Based on their morphology, SOM+ neurons are typically classified into two major subpopulations – Martinotti and non-Martinotti cells [16–19]. Martinotti cells have an ascending axon with synaptic targets located in layer I of the cerebral cortex, where they form significant axonal plexuses [20, 21]. There, the axons of Martinotti cells establish synapses with the terminal branches of the apical dendrites of principal cells. Unlike Martinotti cells that have a distinct axonal morphology with clearly defined synaptic targets, non-Martinotti cells are simply defined as all SOM+ cells that lack significant axonal plexuses in layer I . Besides their intriguing morphology, studies in rodents revealed that a portion of SOM + neurons co-express (to varying degrees) different molecular markers , including CR , CB [23, 24], neuropeptide Y (NPY) , cholecystokinin (CCK) , nNOS [16, 17, 24, 25], and substance P receptor (SPR) [18, 26].

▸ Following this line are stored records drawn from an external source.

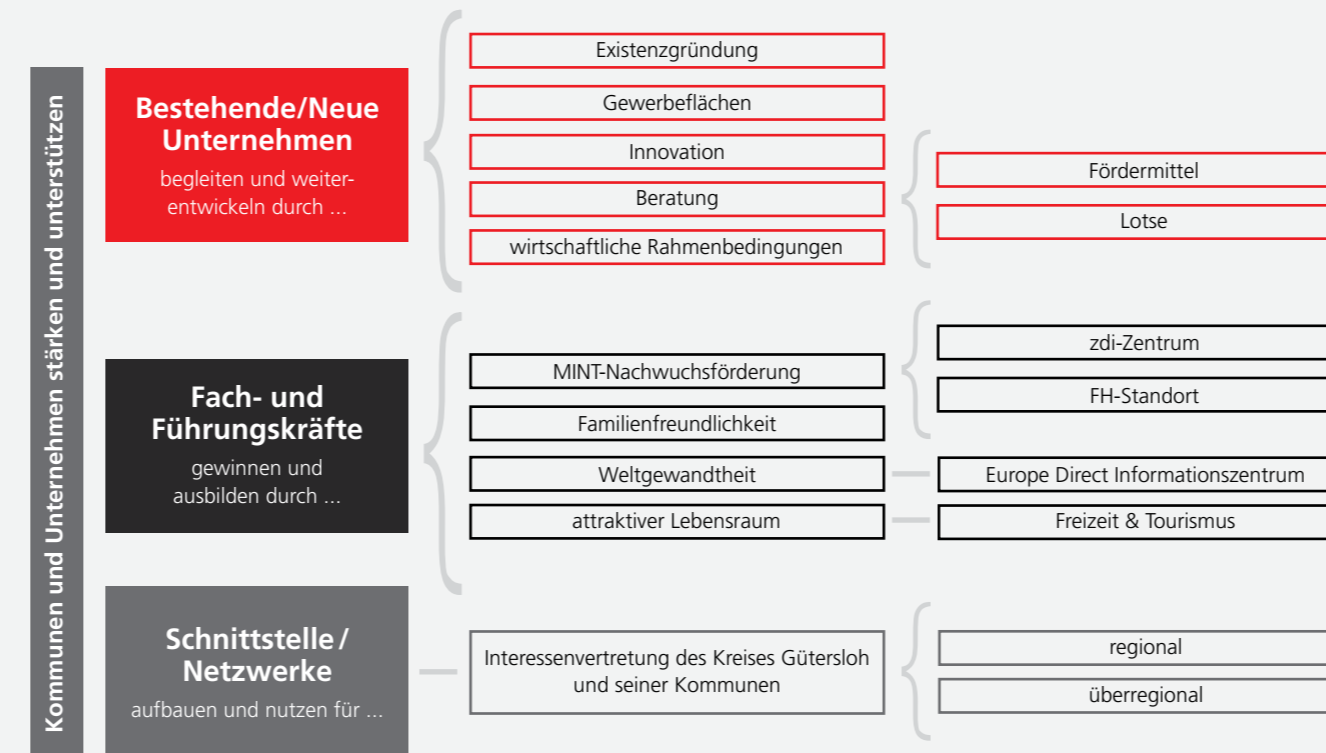

Die pro Wirtschaft GT vernetzt über 5.000 Unternehmen, Institutionen und Behörden miteinander und sie bietet allen kleinen, mittleren und großen Unternehmen Lösungen für individuelle Fragen. Die Initiative dient der Förderung und dem Erhalt der Wirtschaftskraft in unserer Region – für die Menschen, die hier leben.

Die weiteren Angebote der pro Wirtschaft GT – ein kurzer Überblick

Die Tätigkeiten der pro Wirtschaft GT sind sehr komplex und umfassen alle Bereiche rund um das Thema Arbeitsbeschaffung und -erhaltung und Wirtschaftsförderung im Raum Gütersloh.

Um dem Bedarf Ihres Unternehmens gerecht zu werden, empfehlen wir den direkten Kontakt und Austausch mit uns. Wir sind uns sicher, dass wir auch für Ihr Unternehmen individuelle Lösungen finden. Sprechen Sie uns an!

Kontakt

pro Wirtschaft GT GmbH
Herzebrocker Straße 140
33334 Gütersloh

Tel. 05241-851088
Fax 05241-851084

www.pro-wirtschaft-gt.de

FACHKRAFT
GESUCHT

Fach- und Führungskräfte gewinnen und ausbilden – die pro Wirtschaft GT unterstützt Unternehmen

In most species, SOM+ cell bodies are present in all cortical layers, except layer I. In primates, SOM+ cells have been described as less densely packed than in the rat cortex and as being located in superficial and deep bands in the cerebral cortex . In the PFC of the cynomolgus monkey (Macaca fascicularis), SOM+ cell bodies were found in layers II – III and V – VI . In the human brain, their laminar distribution has been described as uneven, with some studies describing them only in layers IV – VI , others describing them as predominantly present in layers II and III , and yet others describing them in all cortical layers, including in layer I [31, 32]. In general, previous studies on SOM+ neurons in humans used different methodology (either only immunohistochemistry or only RNA in situ hybridization), analyzed different cortical regions (though none of them focused on the PFC) and assessed varying pathologies, while coming to somewhat conflicting findings. In order to resolve these discrepancies in literature, it is necessary to conduct systematic studies that first assess SOM+ neurons in non-pathological tissue utilizing multiple complementary histological methods.
The role of SOM+ neurons in the human brain is still understudied and their laminar distribution as well as morphological and molecular features in the human brain are not resolved. In particular, no studies so far addressed the molecular expression, morphological features and laminar distribution of SOM+ neurons in the human PFC. Therefore, the aim of this paper is to give a comprehensive molecular and morphological characterization of SOM+ neurons in phylogenetically and functionally entirely different cortical areas (Brodmann areas 9 and 14r) of the human PFC using novel histological methodology combining immunofluorescence and RNAscope in situ hybridization.